··· Exercise data
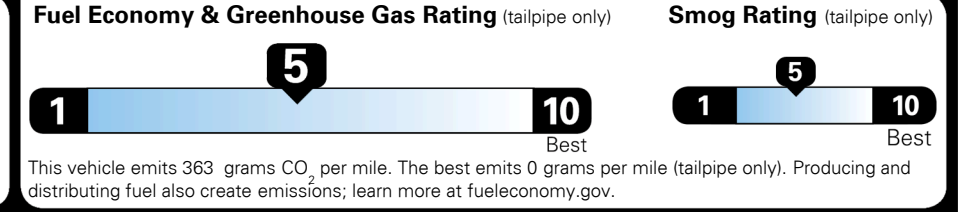

Actual results will vary for many reasons, including driving conditions and how you drive and maintain your vehicle. The average new vehicle gets 27 MPG and costs $7,500 to fuel over 5 years. Cost estimates are based on 15,000 miles per year at $ 2.70 per gallon. MPGe is miles per gasoline gallon equivalent. Vehicle emissions are a significant cause of climate change and smog.

fueleconomy.gov

Calculate personalized estimates and compare vehicles
······
## [Problem description]
In full and without change, repeat the material above, minus the pictures.

## [Exercise result]
Actual results will vary for many reasons, including driving conditions and how you drive and maintain your vehicle. The average new vehicle gets 27 MPG and costs $7,500 to fuel over 5 years. Cost estimates are based on 15,000 miles per year at $ 2.70 per gallon. MPGe is miles per gasoline gallon equivalent. Vehicle emissions are a significant cause of climate change and smog.

fueleconomy.gov

Calculate personalized estimates and compare vehicles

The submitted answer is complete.